**Aim of the task**
Copy out each line of the entries where the word "Tablespace" is present.

**Records for the exercise**
•••••

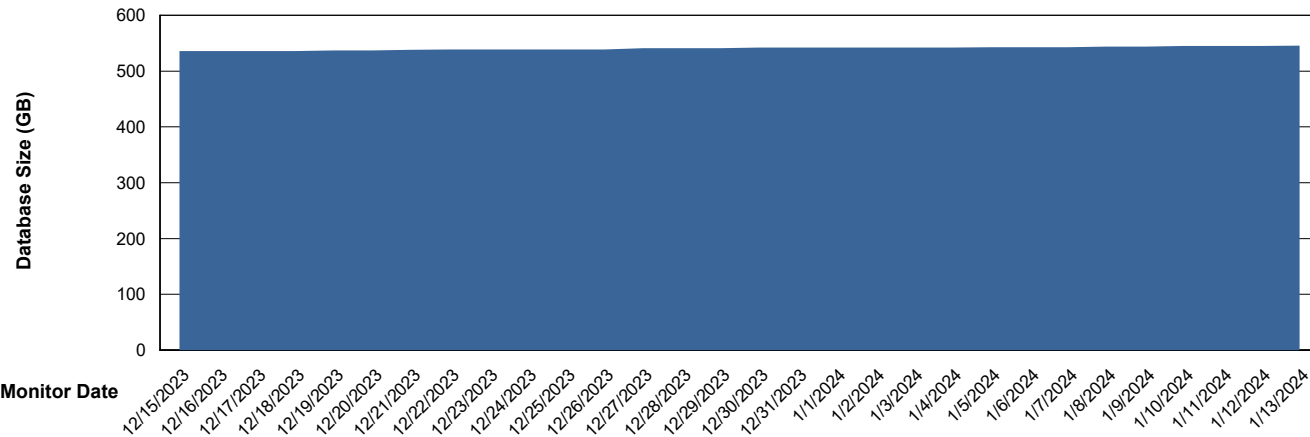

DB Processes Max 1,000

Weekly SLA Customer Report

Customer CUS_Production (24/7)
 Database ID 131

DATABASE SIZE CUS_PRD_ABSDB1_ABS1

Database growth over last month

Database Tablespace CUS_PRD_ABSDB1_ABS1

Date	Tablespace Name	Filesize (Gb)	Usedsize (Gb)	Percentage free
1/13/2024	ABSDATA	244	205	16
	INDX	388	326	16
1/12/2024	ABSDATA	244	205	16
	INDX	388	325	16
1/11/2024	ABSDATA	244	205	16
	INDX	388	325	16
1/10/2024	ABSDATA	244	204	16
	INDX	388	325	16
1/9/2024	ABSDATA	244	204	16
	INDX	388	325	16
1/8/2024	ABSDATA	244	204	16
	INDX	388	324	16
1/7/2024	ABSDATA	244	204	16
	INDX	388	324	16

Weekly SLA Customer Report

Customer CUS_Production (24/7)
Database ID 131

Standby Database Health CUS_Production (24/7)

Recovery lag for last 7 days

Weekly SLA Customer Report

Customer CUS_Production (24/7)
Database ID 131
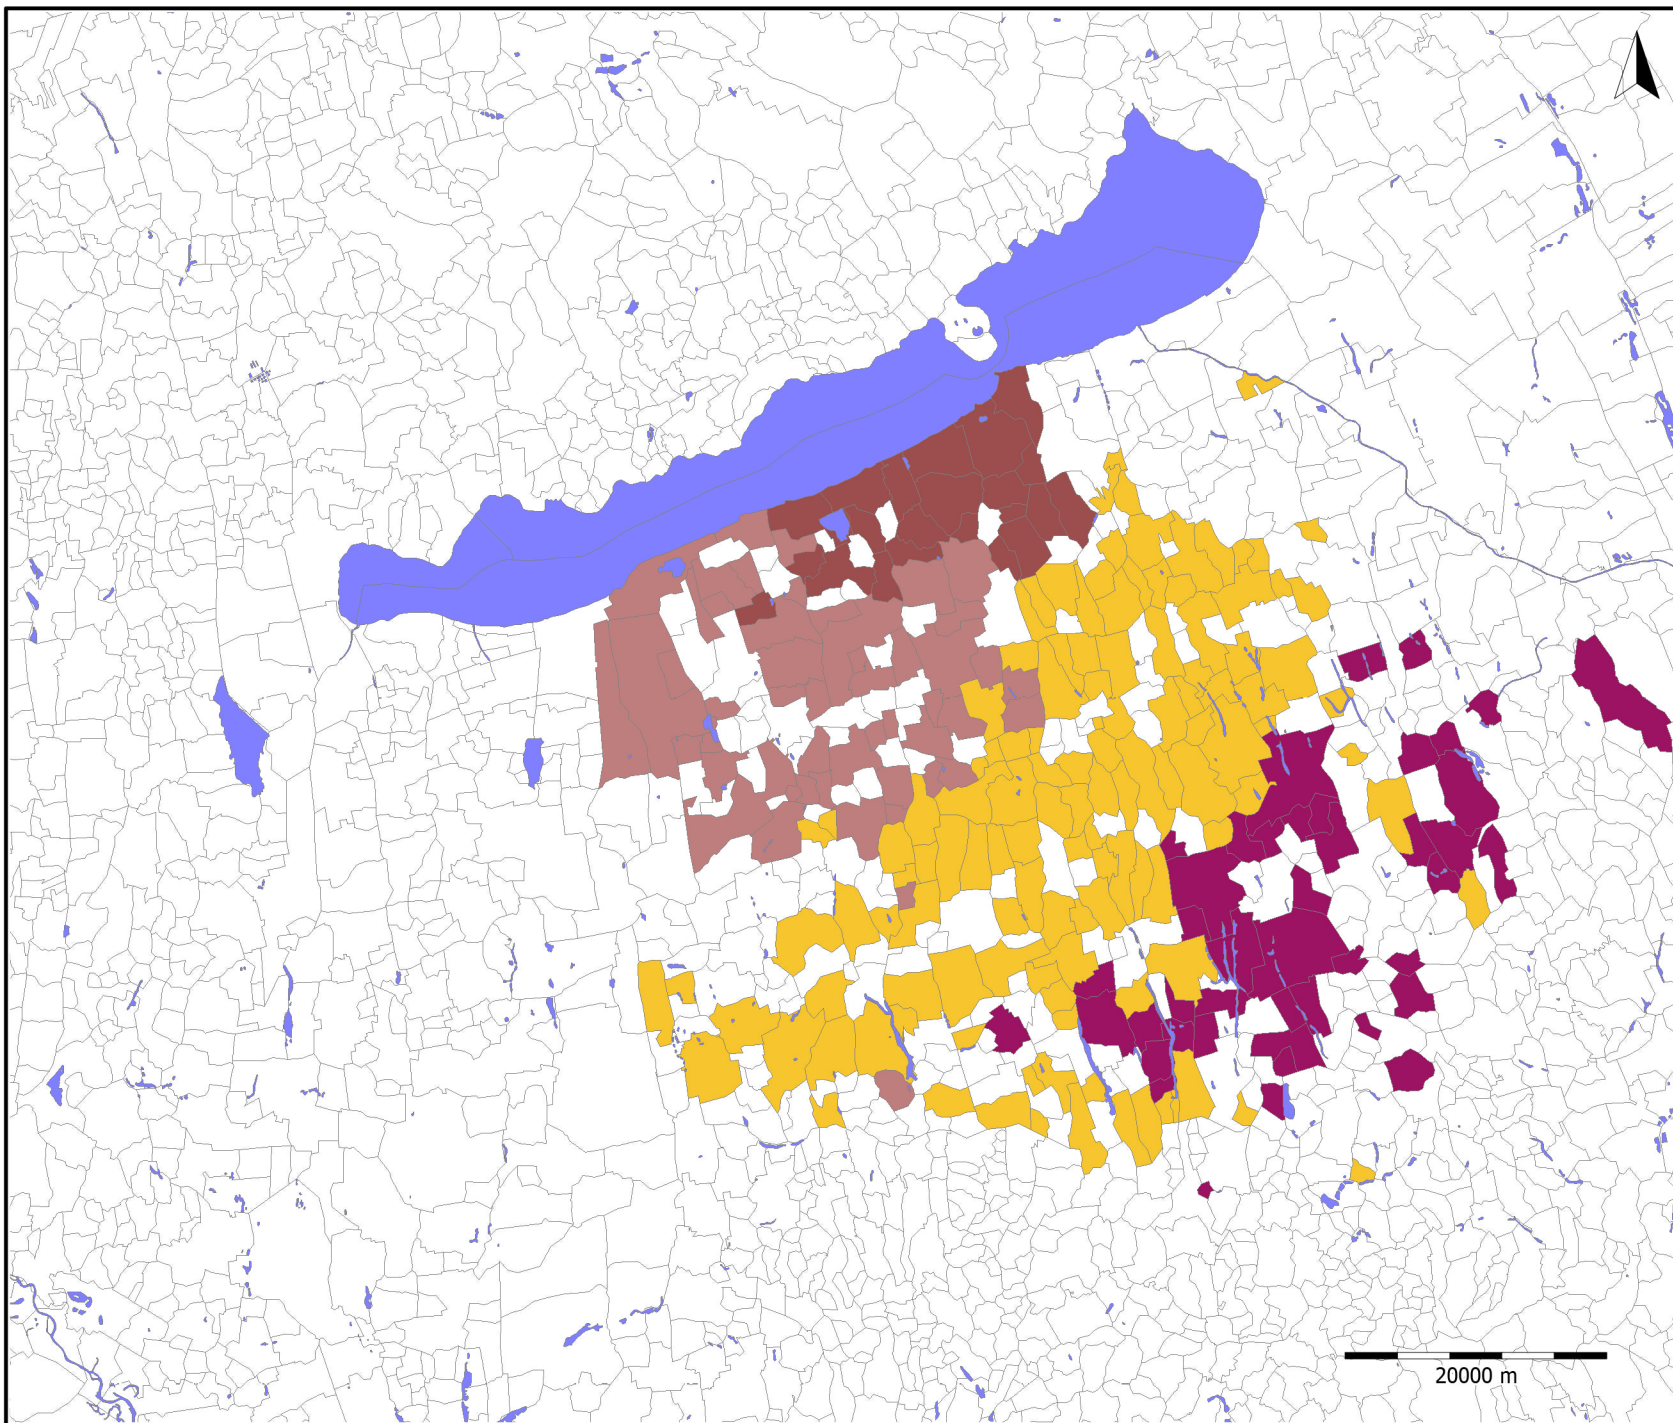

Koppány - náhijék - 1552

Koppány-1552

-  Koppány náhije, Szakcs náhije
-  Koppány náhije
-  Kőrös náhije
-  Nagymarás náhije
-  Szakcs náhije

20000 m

•••••

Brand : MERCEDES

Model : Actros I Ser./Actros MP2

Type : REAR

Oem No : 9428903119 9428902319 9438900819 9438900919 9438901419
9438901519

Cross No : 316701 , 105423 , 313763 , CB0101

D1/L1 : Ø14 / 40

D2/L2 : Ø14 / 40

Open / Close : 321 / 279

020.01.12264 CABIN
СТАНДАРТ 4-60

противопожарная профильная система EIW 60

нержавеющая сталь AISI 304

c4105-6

•••••

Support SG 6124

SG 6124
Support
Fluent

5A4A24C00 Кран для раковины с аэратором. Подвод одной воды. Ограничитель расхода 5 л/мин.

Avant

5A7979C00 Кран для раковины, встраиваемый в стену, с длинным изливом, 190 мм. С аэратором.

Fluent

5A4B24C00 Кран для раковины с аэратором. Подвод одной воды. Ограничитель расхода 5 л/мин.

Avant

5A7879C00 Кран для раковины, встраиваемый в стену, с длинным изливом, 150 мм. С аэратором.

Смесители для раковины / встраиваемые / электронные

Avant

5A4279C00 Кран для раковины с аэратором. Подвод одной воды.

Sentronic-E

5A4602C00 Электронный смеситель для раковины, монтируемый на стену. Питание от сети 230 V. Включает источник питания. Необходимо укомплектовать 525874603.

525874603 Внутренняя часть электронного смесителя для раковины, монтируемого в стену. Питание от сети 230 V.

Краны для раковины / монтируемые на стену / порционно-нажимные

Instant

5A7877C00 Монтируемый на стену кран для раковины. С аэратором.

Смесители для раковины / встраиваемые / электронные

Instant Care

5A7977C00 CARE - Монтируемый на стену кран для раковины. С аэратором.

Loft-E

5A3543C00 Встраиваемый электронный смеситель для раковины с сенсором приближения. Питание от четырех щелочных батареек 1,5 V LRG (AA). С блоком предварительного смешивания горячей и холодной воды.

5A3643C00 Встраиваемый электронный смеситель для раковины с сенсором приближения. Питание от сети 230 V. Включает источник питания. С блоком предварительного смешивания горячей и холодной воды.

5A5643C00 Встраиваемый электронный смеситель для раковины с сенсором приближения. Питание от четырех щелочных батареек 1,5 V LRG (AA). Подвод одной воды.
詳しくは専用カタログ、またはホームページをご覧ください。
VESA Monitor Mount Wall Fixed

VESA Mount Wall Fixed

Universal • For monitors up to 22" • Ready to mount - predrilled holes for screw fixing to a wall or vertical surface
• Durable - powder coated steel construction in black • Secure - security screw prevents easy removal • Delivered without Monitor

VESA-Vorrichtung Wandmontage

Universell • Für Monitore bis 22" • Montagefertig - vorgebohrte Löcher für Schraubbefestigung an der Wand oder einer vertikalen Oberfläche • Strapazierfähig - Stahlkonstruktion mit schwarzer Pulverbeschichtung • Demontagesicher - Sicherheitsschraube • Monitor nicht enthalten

•••••

**Exercise answer**
Database Tablespace CUS_PRD_ABSDB1_ABS1
Date	Tablespace Name	Filesize (Gb)	Usedsize (Gb)	Percentage free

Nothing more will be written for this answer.